*** Block opens ***

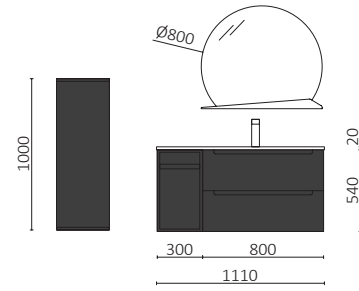

MONTERREY/L 1100 BLACK VELVET		£
91040	Wall hung vanity MONTERREY 800 Black velvet	844
96987	Wall hung storage unit ALLIANCE 300 removable towel rail Black velvet	366
96996	Handle TOWEL RAIL 300 Matt black	39
113785	Basin CONSTANZA 1100 left Matt white	515
FULL PRICE		1764
86287	Mirror SUNRISE 800	359
91113	Shelf SUNRISE 800 Matt black	158
103973	Bottle trap POSYX Chrome brass	62
102304	Clicker valve FLOW Chrome	76
96962	Tall unit ALLIANCE 1000 Black velvet	413
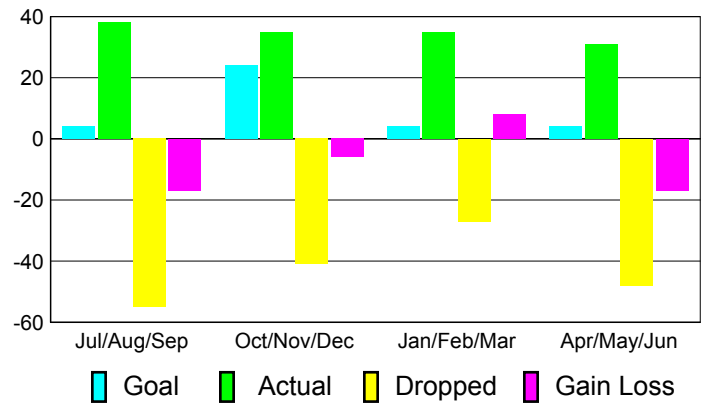

Membership Results 2010-2011

Goal, New, Dropped, Gain/Loss
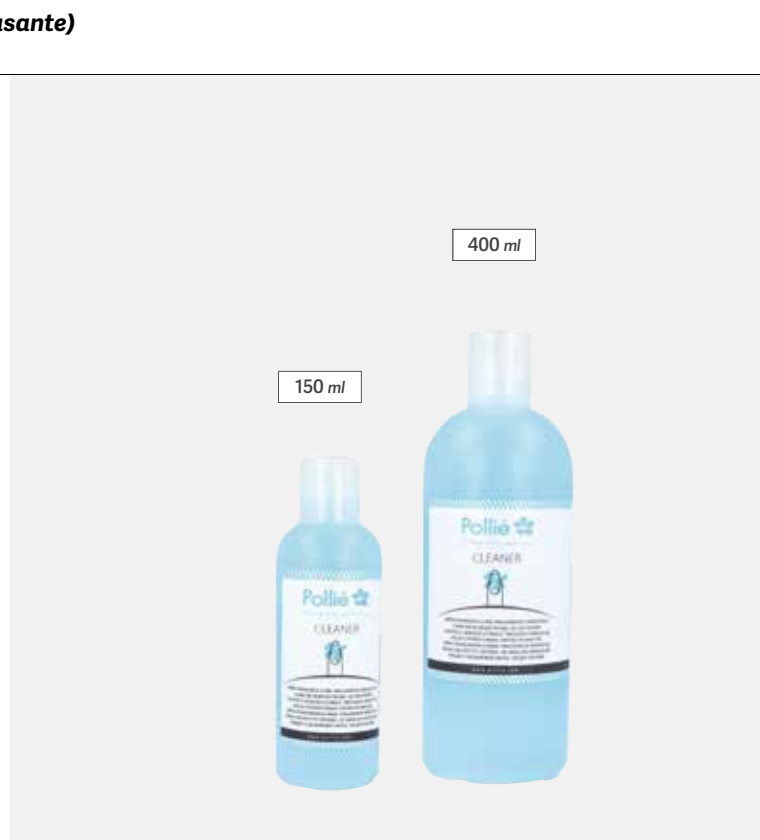

Limpiador de uñas (limpiador/desengrasante)
Nail cleaner (cleaner / degreaser)

u.m.vta: 1 19

150 ml

REF.07111

P.V.P.R **4,94€**

EAN: 8423029075309

9x19 units

u.m.vta: 1 24

400 ml

REF.07112

P.V.P.R **7,86€**

EAN: 8423029075136

10x24 units

*** Block closes ***

◆ **Assignment**: Each entry should be repeated exactly as it appears; the pictures stay out.

◆ **Completed exercise**:
MONTERREY/L 1100 BLACK VELVET		£
91040	Wall hung vanity MONTERREY 800 Black velvet	844
96987	Wall hung storage unit ALLIANCE 300 removable towel rail Black velvet	366
96996	Handle TOWEL RAIL 300 Matt black	39
113785	Basin CONSTANZA 1100 left Matt white	515
FULL PRICE		1764
86287	Mirror SUNRISE 800	359
91113	Shelf SUNRISE 800 Matt black	158
103973	Bottle trap POSYX Chrome brass	62
102304	Clicker valve FLOW Chrome	76
96962	Tall unit ALLIANCE 1000 Black velvet	413

Membership Results 2010-2011

Goal, New, Dropped, Gain/Loss

Limpiador de uñas (limpiador/desengrasante)
Nail cleaner (cleaner / degreaser)

u.m.vta: 1 19

150 ml

REF.07111

P.V.P.R **4,94€**

EAN: 8423029075309

9x19 units

u.m.vta: 1 24

400 ml

REF.07112

P.V.P.R **7,86€**

EAN: 8423029075136

10x24 units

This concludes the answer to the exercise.